Re: fallocate mode flag for "unshare blocks"?
From: Austin S. Hemmelgarn <hidden>
Date: 2016-03-31 11:20:03
Also in:
linux-btrfs, linux-fsdevel, linux-xfs
On 2016-03-30 20:32, Liu Bo wrote:
On Wed, Mar 30, 2016 at 11:27:55AM -0700, Darrick J. Wong wrote:quoted
Hi all, Christoph and I have been working on adding reflink and CoW support to XFS recently. Since the purpose of (mode 0) fallocate is to make sure that future file writes cannot ENOSPC, I extended the XFS fallocate handler to unshare any shared blocks via the copy on write mechanism I built for it. However, Christoph shared the following concerns with me about that interpretation:quoted
I know that I suggested unsharing blocks on fallocate, but it turns out this is causing problems. Applications expect falloc to be a fast metadata operation, and copying a potentially large number of blocks is against that expextation.

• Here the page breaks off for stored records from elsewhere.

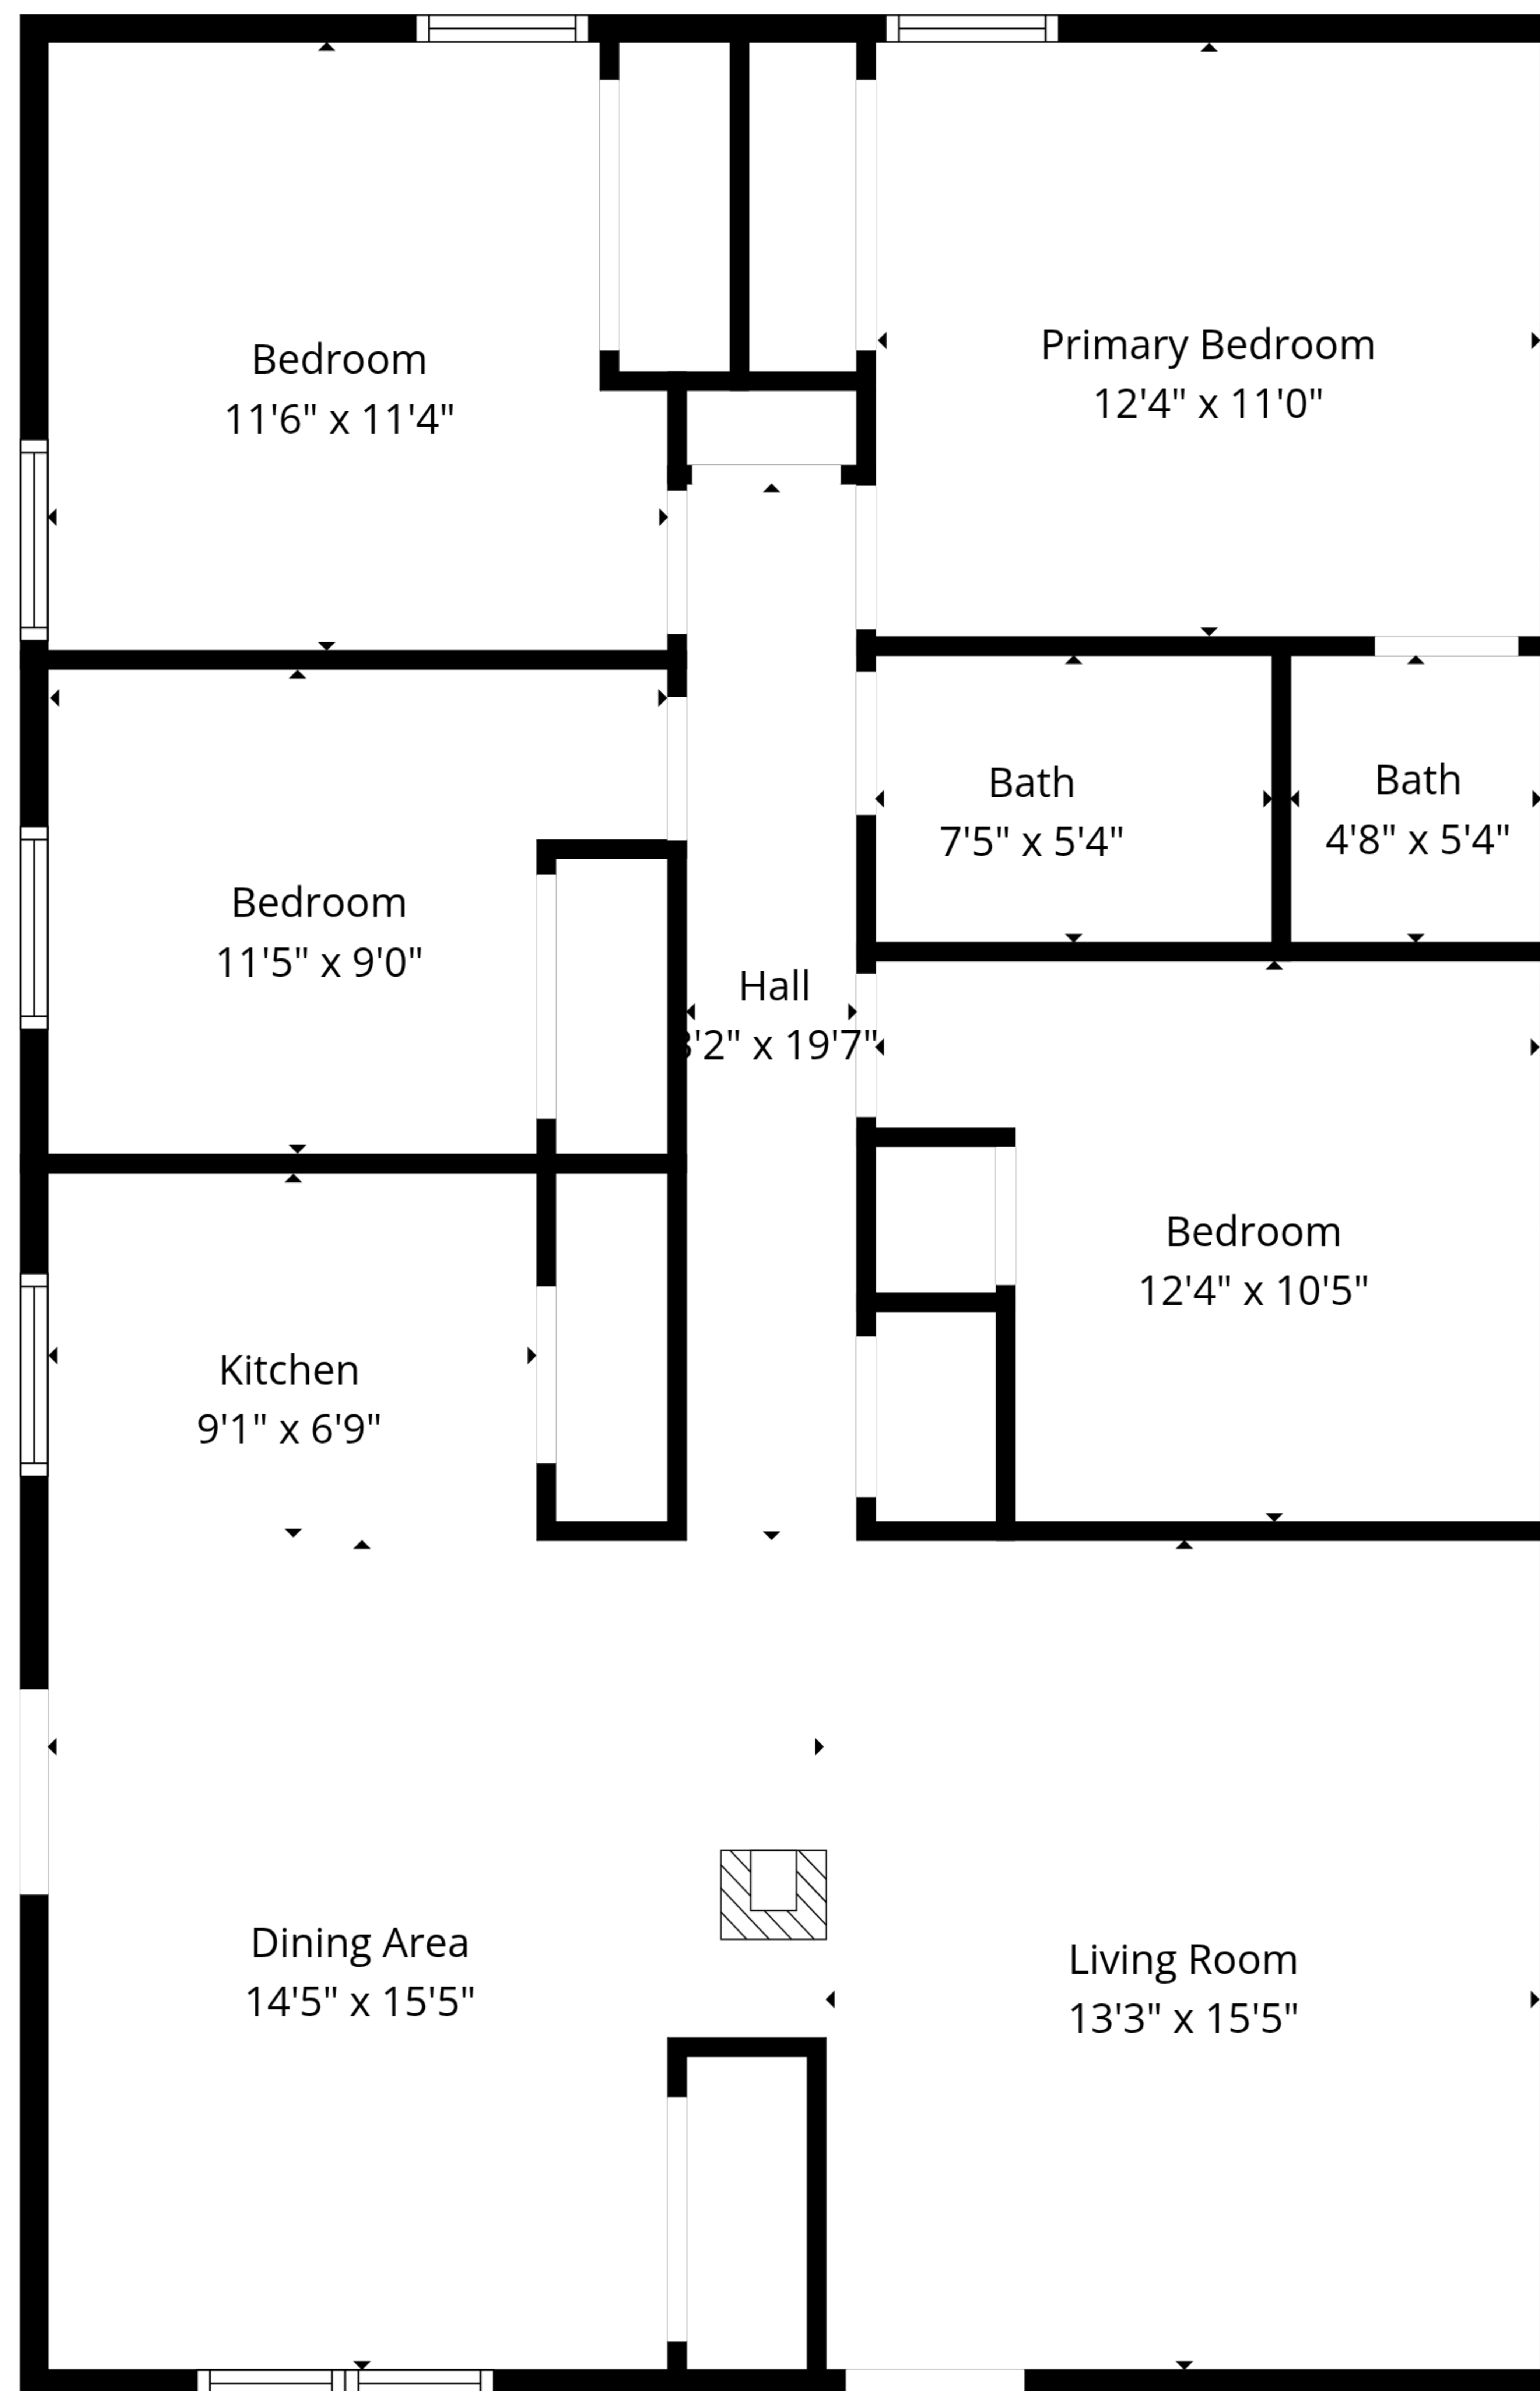

TOTAL: 1199 sq. ft
1st floor: 1199 sq. ft
EXCLUDED AREAS: WALLS: 72 sq. ft

Sizes And Dimensions Are Approximate. Actual May Vary.

TOTAL: 1199 sq. ft
1st floor: 1199 sq. ft
EXCLUDED AREAS: WALLS: 72 sq. ft

Sizes And Dimensions Are Approximate. Actual May Vary.
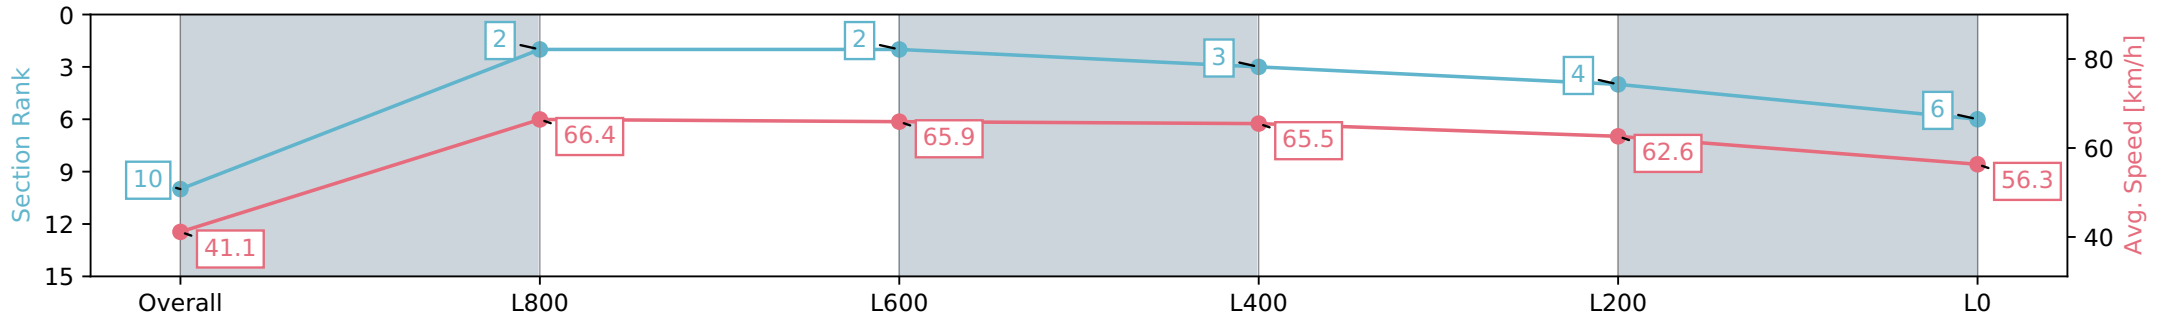

Morphettville SA - Professional

Race 1: Grand Syndicates Handicap - 1100m

27 April 2024 - 12:03PM

Track Rating: Good 4, Weather: Overcast, Rail Position: True

Section	Overall	L800	L600	L400	L200	L0
Section Times	1:06.04 [10] (0:08.76)	0:57.28 [2] (0:10.84)	0:46.44 [2] (0:11.03)	0:35.41 [3] (0:11.11)	0:24.30 [4] (0:11.51)	0:12.79 [6] (0:12.79)
Average Speed [km/h]	41.1	66.4	65.9	65.5	62.6	56.3
Top Speed [km/h]	62.8	68.2	66.5	66.6	64.9	61.4
Avg. Dist. to Rail [m]	11.5	6.2	2.6	1.9	2.7	3.3
Avg. Stride Freq. [Hz]	2.2	2.5	2.5	2.5	2.4	2.3
Avg. Stride Length [m]	5.0	7.2	7.4	7.3	7.2	6.9
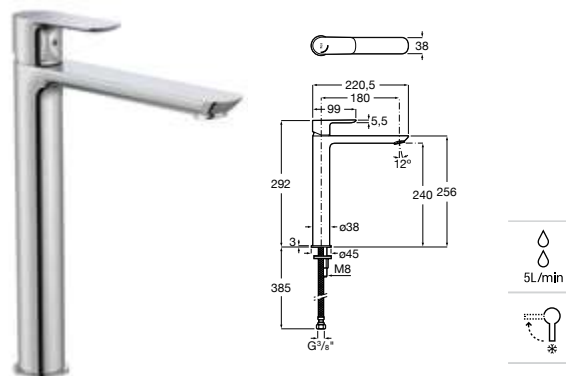

High spout basin mixer

Single-lever high spout basin mixer smooth body with aerator and flexible supply hoses. Cold start. Chrome
Ref. A5A346EC00
676 RON
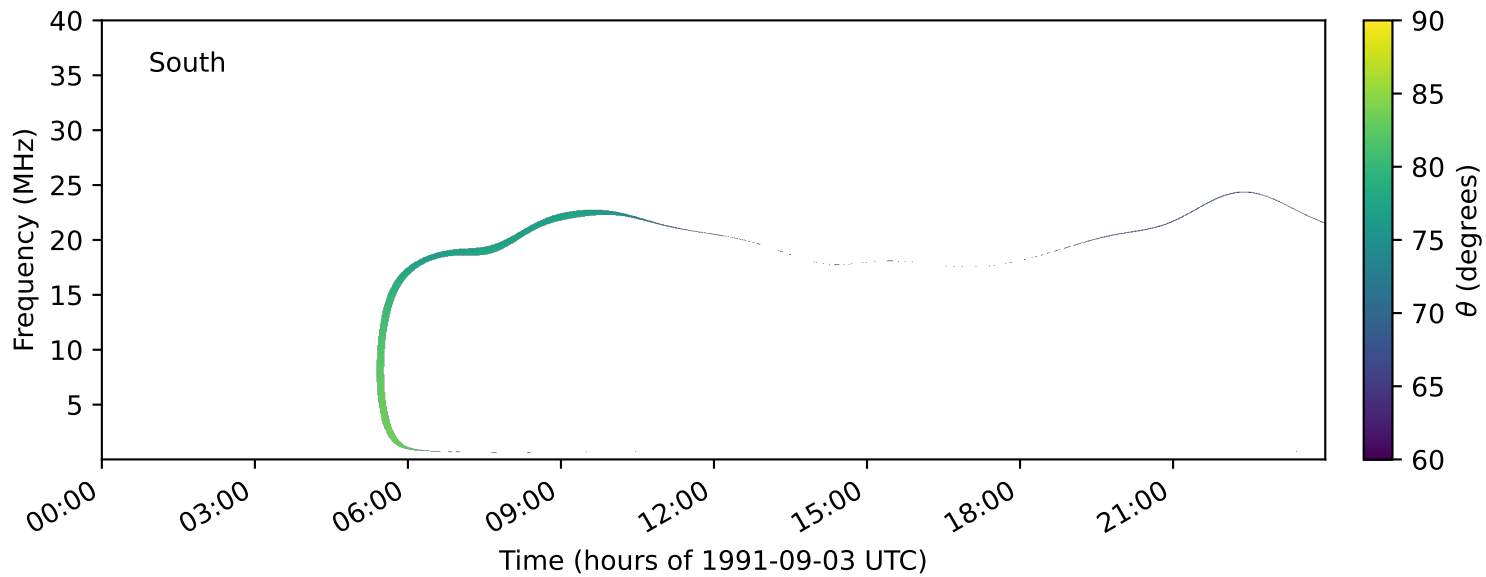

expres\_earth\_jupiter\_io\_jrm33\_lossc-wid1deg\_3kev\_19910903\_v11.cdf

Time (hours of 1991-09-03 UTC)
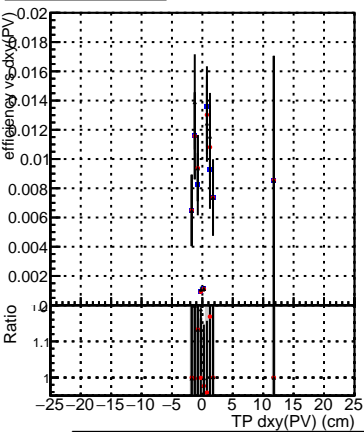

Efficiency vs Dxy(PV)

Legend:
- DQM_mkFit_TTbarPU50_extractedGeoms_rescaleError100
- DQM_mkFit_TTbarPU50_extractedGeoms_rescaleError100_pTCutOverlap0p0
- DQM_mkFit_TTbarPU50_extractedGeoms_rescaleError100_pTCutOverlap0p0_dynamicChi2CutOverlap

Efficiency vs Dz(PV)

Efficiency vs Dz(PV)
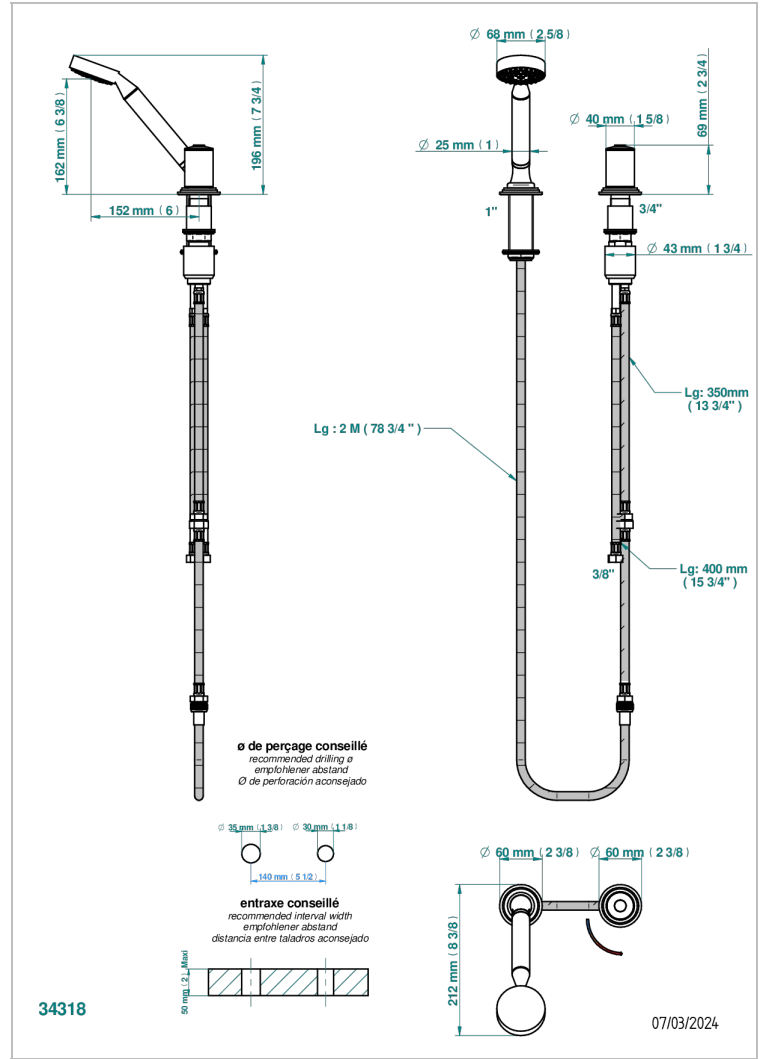

FAUBOURG BLACK PORCELAIN

G2L-6532/60A

Deck mounted mixer with handshower, progressive cartridge

THG[®]
PARIS

CHARACTERISTIC

- ACS : 22ACCLY009

TECHNICAL SPECS

- Recommandé : 3 bars (max. 5 bars) - Advised : 43,5 psi (max. 72 psi)
- 9,5 l/min à 3 bars (2.5 gpm at 43.5 psi)

STANDARDS

AVAILABLE FINITIONS

Black ceram - D30
Blush PVD - H62
Brass color PVD - H49
Brown bronze color PVD - F33
Chrome polished - A02
Chrome polished / gold polished - G02

Gold color PVD - H52
Gold mat - F07
Gold polished - F01
Graphite PVD - H64
Matt Umber PVD - H67
Matt blush PVD - H60

Soft matt gold - F31
Umber PVD - H66
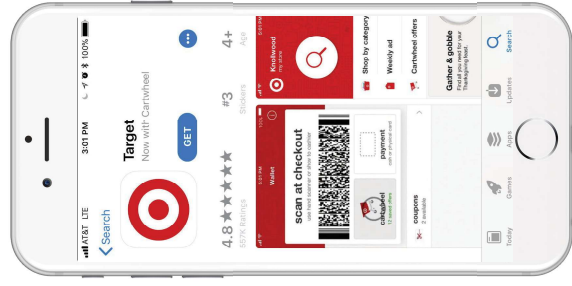

how guests enroll

Joining is easy! Here are 3 ways:

Target Circle is in beta and only available in select areas right now.

zip code

Feel like you've been here before?
@targetcircle

1. Phone number at checkout

2. Sign up at target.com/circle

3. Download the Target app

how voting works

Join Target Circle for free access to an even more rewarding Target run. Find out more about Target Circle at www.target.com/circle

1. **Earning Votes In-Store:** At check out, give phone number or scan your Target Circle barcode by tapping “Redeem saved offers” or in Wallet in the Target App. Or enter receipt numbers within 7 days to collect earnings from eligible in-store purchases.
2. **Earning Votes Online:** Sign into your connected Target account on target.com or in the Target app.
3. **Casting Votes:** Open target.com/circle and go to Community Support. Or open the Target App, go to your Circle benefits, and Vote For Nonprofits. Nonprofits will display in a list with their name, logo, mission, and website link.
4. **Preferred Store:** Different nonprofits are displayed in different communities. To see which communities you are featured in, please refer to the Official Marketing Toolkit.
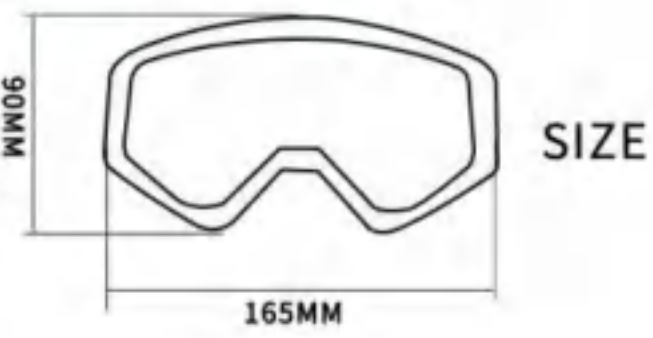

FEATURE 特性:

- Colorful full frame designed for Children
- Triple layers foam ,outer layer is soft thin fleece
- 100%UV Protection,Double lens for anti-fog& anti scratch
- Adjustable anti-slip strap,can can be customized
- High strength foam in nose position ,good for wind proof

MATERIAL 【材质】 Out Lens:PC+UV Frame:TPU

- 特意为孩子们设计色彩缤纷的全框
- 高密度三层海绵,接触皮肤层为舒适柔软贴面绒
- 100%防紫外线,双层镜片,内为防雾镜片层,外层防刮花
- 防滑双向调节松紧带,可以定制logo
- 鼻子加高海绵设计,防撞又防进风

This is especially bad for the NFS server, which should not be blocked for a long time in a synchronous operation. I think we'll have to remove the unshare and just fail the fallocate for a reflinked region for now. I still think it makes sense to expose an unshare operation, and we probably should make that another fallocate mode.I'm expecting fallocate to be fast, too. Well, btrfs fallocate doesn't allocate space if it's a shared one because it thinks the space is already allocated. So a later overwrite over this shared extent may hit enospc errors.
And this _really_ should get fixed, otherwise glibc will add a check for running posix_fallocate against BTRFS and force emulation, and people _will_ complain about performance.